The Necessary Contestation – a posthumous book, organized while Florestan was still alive – seeks to establish a balance of the theoretical and practical successes and failures of the socialist political struggle in Brazil, at a time when, according to him, the globalization of the economy and the transformations of the State provoked “questions about the roles of intellectuals in social movements or about the fate of their production”.

The work brings together profiles of intellectuals and political activists – mostly circumstantial articles – articulated, with long justifying introductions, in three blocks: “The intellectual and the radicalization of ideas”, “Radical political practice” and “Educational Reform”. Two things immediately call the reader's attention: Lula's inclusion in the first block and the absence of his former assistants who rose to power in 1994.

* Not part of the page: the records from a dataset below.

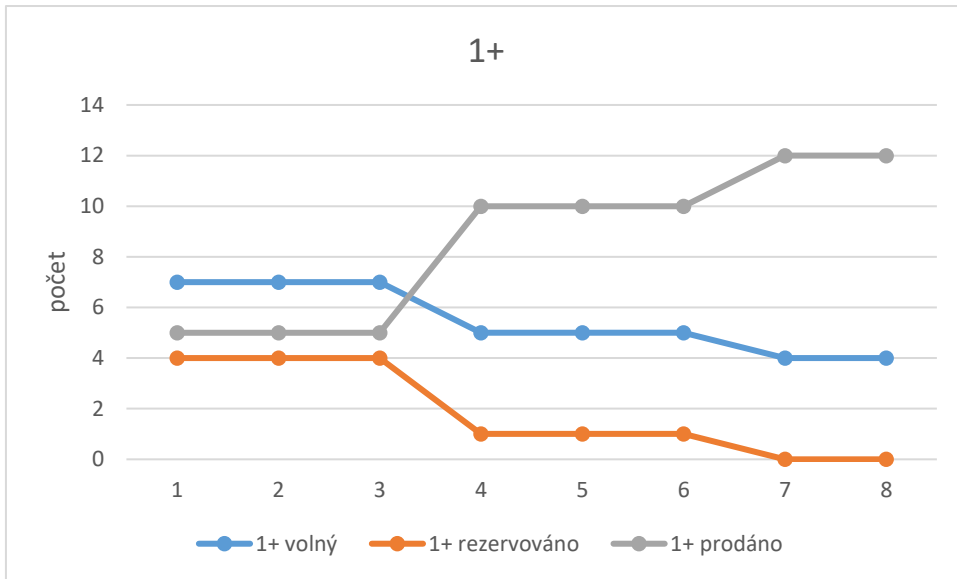

MELANGE REZIDENCE

záznam číslo		1	2	3	4	5	6	7	8	
		Datum								
Dispozice	Stav	24.06.2017	15.07.2017	05.08.2017	25.08.2017	16.09.2017	08.10.2017	03.11.2017	10.12.2017	
počet	1+	volný	7	7	7	5	5	5	4	4
		rezervováno	4	4	4	1	1	1	0	0
		prodáno	5	5	5	10	10	10	12	12
	2+	volný	7	7	7	7	6	6	6	6
		rezervováno	3	3	3	0	1	1	0	0
		prodáno	0	0	0	3	3	3	4	4
	3+	volný	4	4	4	3	3	3	3	3
		rezervováno	1	1	1	1	1	1	0	0
		prodáno	0	0	0	1	1	1	2	2
	4+	volný	2	2	2	1	1	1	1	1
		rezervováno	0	0	0	0	0	0	0	0
		prodáno	0	0	0	1	1	1	1	1
	5+	volný	1	1	1	0	0	0	0	0
		rezervováno	0	0	0	0	0	0	0	0
		prodáno	0	0	0	1	1	1	1	1
	6+	volný	0	0	0	0	0	0	0	0
		rezervováno	0	0	0	0	0	0	0	0
		prodáno	0	0	0	0	0	0	0	0
	KM	volný	2	2	2	2	2	2	2	2
		rezervováno	0	0	0	0	0	0	0	0
		prodáno	0	0	0	0	0	0	0	0
	Celkem	volný	23	23	23	18	17	17	16	16
		rezervováno	8	8	8	2	3	3	0	0
		prodáno	5	5	5	16	16	16	20	20

Relying on the concept created by Gramsci of the “organic intellectual”, Florestan privileges in Lula above all “the worker as an inventor of ideas”, which goes well with the meaning of the PT leader's profile. Centered on his life story – essentially similar to that of Florestan himself: victory over the vicissitudes of poverty and commitment to the suppression of barbarism –, it seeks to show how, despite brutal class domination, the exploited sectors generate, through of a complex process of rebellion, its defenders. In turn, the non-inclusion of Lula among the radical politicians is due to the indecisions of the PT trajectory that Florestan never ceases to point out.

There is no reference to the absence of his former assistants, except for one sentence – explaining why Lula did not get there – which says it all: “On both occasions [1989 and 1994] the maneuvers that removed him from occupying the presidency involved manipulations by parties of order and the owners of economic power, typical of the most acute clientelism”.

Throughout the profiles, a meditation on the conditions and limits of a radical political practice in Brazil is outlined. We have, in a first model, the case of the unbreakable political integrity of individuals that can only be explained by factors of a psychological nature, helpless as they are supported by a strong collective movement. This is the case of Trotskyists like Hermínio Sacchetta, who introduced Florestan to political militancy.

A second peculiar situation is that of Luís Carlos Prestes who, instead of going, as was usual in the international movement, from communism to revolution, “jumped from revolution to communism”. The rebel, broken with his class and already engaged in armed struggle, had to conform to the strict framework of a party and an organization of the incipient working class. The third model, personified by Lula, is that of the worker taken by the advancement in workers' organization, successively to the status of union leader and political leader.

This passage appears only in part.